What is required:
Leaving out the pictures, write the following records exactly as they read.

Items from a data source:
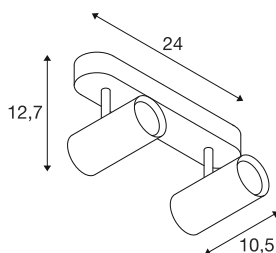

## NOBLO®

wand- en plafondopbouwarmatuur, double, rond,  
2700K, 12W, PHASE, 32°, zwart

Ontdek de technische upgrade van de NOBLO®-spots, die indruk maken door hun slanke design. De draai- en zwenkspots zijn ideaal voor zowel wand- als plafondmontage. Met twee tijdloze behuizingskleuren en één, twee of drie lichtuitgangen zijn ze flexibel inzetbaar. Voor een individueel lichtontwerp zijn de NOBLO®-spots verkrijgbaar met 2700K, 3000K of als dim-to-warm-versie. Met de apart verkrijgbare decoratieve ringen kunnen extra visuele accenten worden gezet.

## TECHNISCHE GEGEVENS

Art.nr.	1008719
Aantal verschillende lichtopeningen	2
IP-code	IP20
Montage	opbouw
dimbaar	Ja
Dimtechnologie	faseaansnijding, faseafsijding
Primaire nominale spanning	220-240V ~50/60 Hz
Secundaire stroom/spanning	300
Beschermingsklasse	I
Wattage	12 W
minimale omgevingstemperatuur	-20 °C
maximale omgevingstemperatuur	40 °C
Aantal armaturen bij LS B16A	224
Aantal armaturen bij LS C16A	448
Niveau van inschakelstroom	5 A
Duur van inschakelstroom	100 µs
Lumen	1450 lm
Lichtkleurtemperatuur	2700 Kelvin
Kleur	zwart
CRI	90
Levensduur	50000 h
Risk Group	1

Lengte	24 cm
Breedte	10.5 cm
Hoogte	12.7 cm
Nettogewicht	0.55 kg
Brutogewicht	0.8 kg
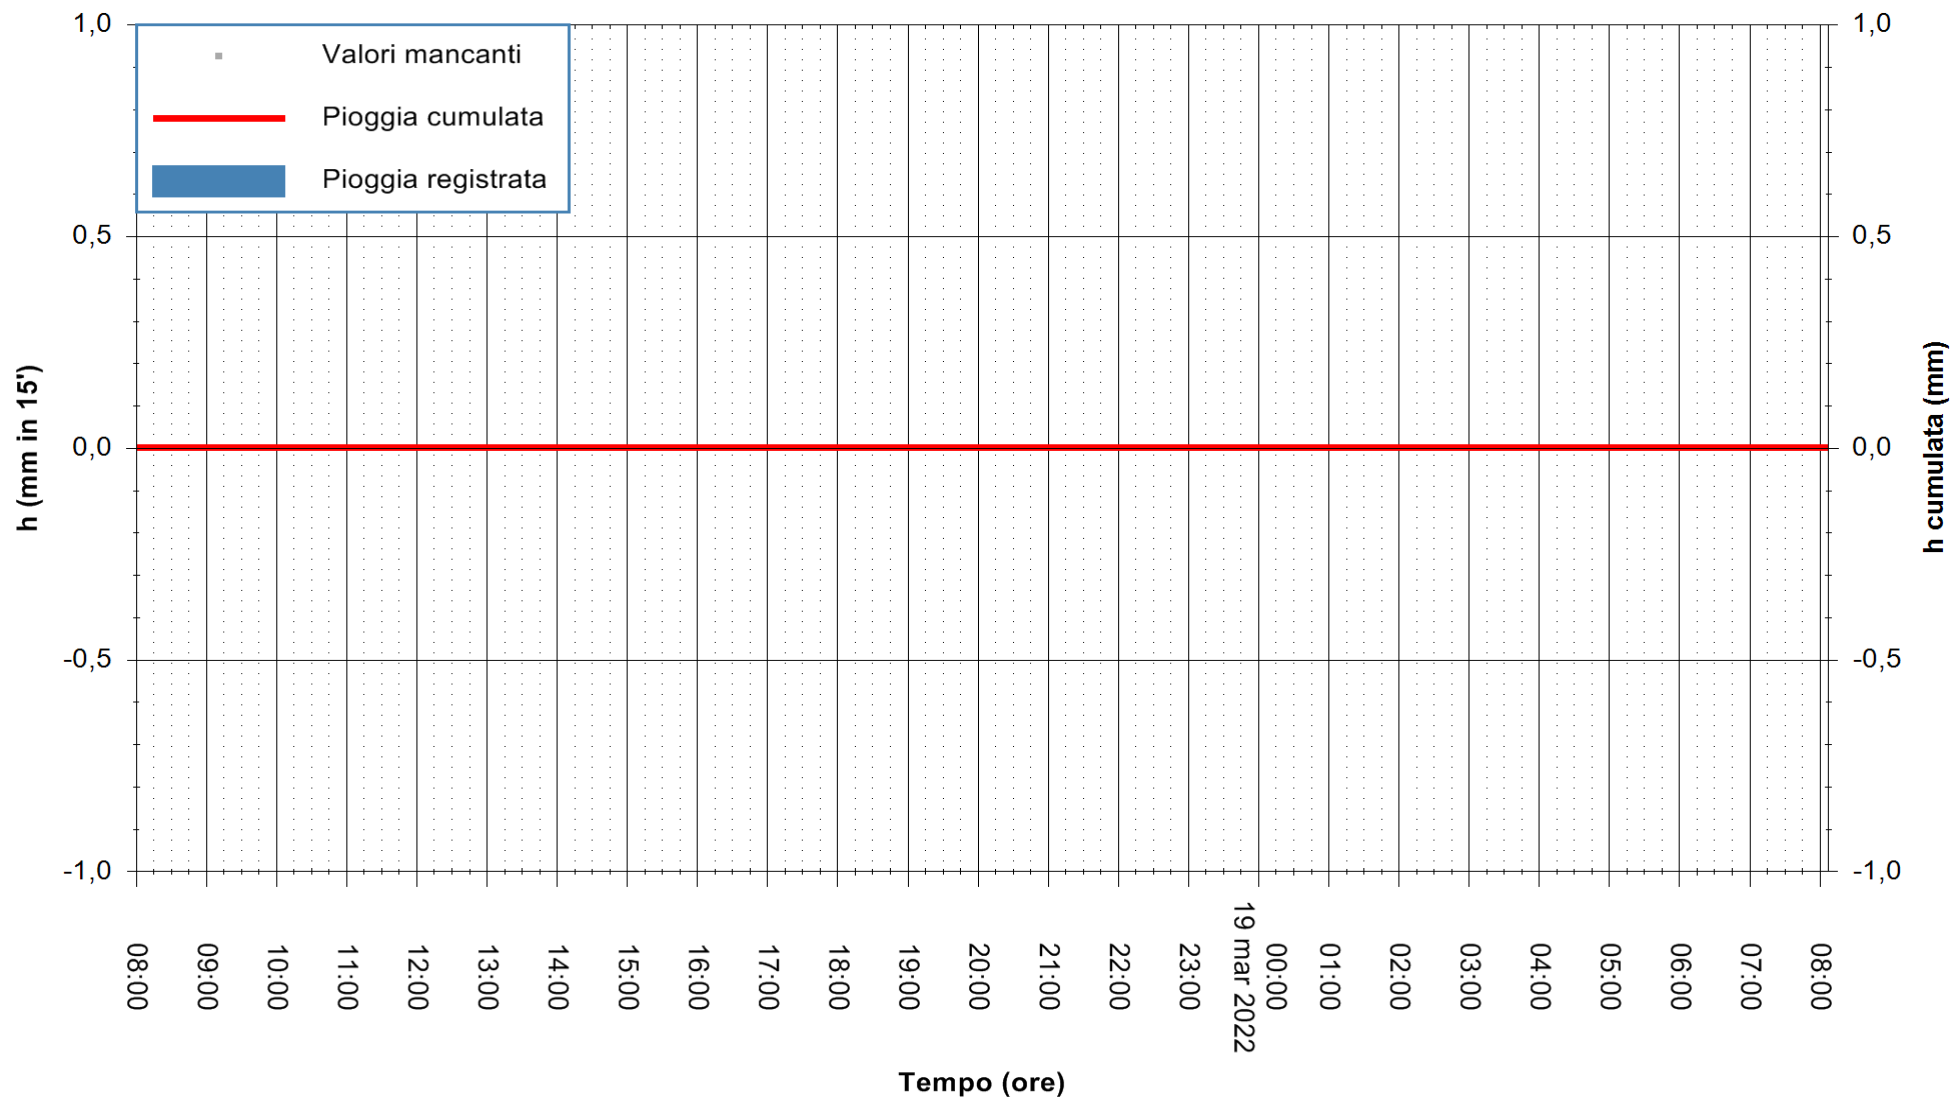

ARPAS
F.to il Dirigente Responsabile
Dott. Giuseppe Bianco

REGIONE AUTONOMA DE SARDIGNA
REGIONE AUTONOMA DELLA SARDEGNA

Stazione pluviometrica CARBONIA C.RA FLUMENTEPIDO
Area FLUMETEPIDO

Pioggia registrata nelle ultime 24 ore
Estrazione dati delle ore 08:26 del 19/03/2022
Ultimo dato disponibile: 19/03/2022 alle 08:00

Output for this exercise:
## NOBLO®

wand- en plafondopbouwarmatuur, double, rond,  
2700K, 12W, PHASE, 32°, zwart

Ontdek de technische upgrade van de NOBLO®-spots, die indruk maken door hun slanke design. De draai- en zwenkspots zijn ideaal voor zowel wand- als plafondmontage. Met twee tijdloze behuizingskleuren en één, twee of drie lichtuitgangen zijn ze flexibel inzetbaar. Voor een individueel lichtontwerp zijn de NOBLO®-spots verkrijgbaar met 2700K, 3000K of als dim-to-warm-versie. Met de apart verkrijgbare decoratieve ringen kunnen extra visuele accenten worden gezet.

## TECHNISCHE GEGEVENS

Art.nr.	1008719
Aantal verschillende lichtopeningen	2
IP-code	IP20
Montage	opbouw
dimbaar	Ja
Dimtechnologie	faseaansnijding, faseafsijding
Primaire nominale spanning	220-240V ~50/60 Hz
Secundaire stroom/spanning	300
Beschermingsklasse	I
Wattage	12 W
minimale omgevingstemperatuur	-20 °C
maximale omgevingstemperatuur	40 °C
Aantal armaturen bij LS B16A	224
Aantal armaturen bij LS C16A	448
Niveau van inschakelstroom	5 A
Duur van inschakelstroom	100 µs
Lumen	1450 lm
Lichtkleurtemperatuur	2700 Kelvin
Kleur	zwart
CRI	90
Levensduur	50000 h
Risk Group	1

Lengte	24 cm
Breedte	10.5 cm
Hoogte	12.7 cm
Nettogewicht	0.55 kg
Brutogewicht	0.8 kg

ARPAS
F.to il Dirigente Responsabile
Dott. Giuseppe Bianco

REGIONE AUTONOMA DE SARDIGNA
REGIONE AUTONOMA DELLA SARDEGNA

Stazione pluviometrica CARBONIA C.RA FLUMENTEPIDO
Area FLUMETEPIDO

Pioggia registrata nelle ultime 24 ore
Estrazione dati delle ore 08:26 del 19/03/2022
Ultimo dato disponibile: 19/03/2022 alle 08:00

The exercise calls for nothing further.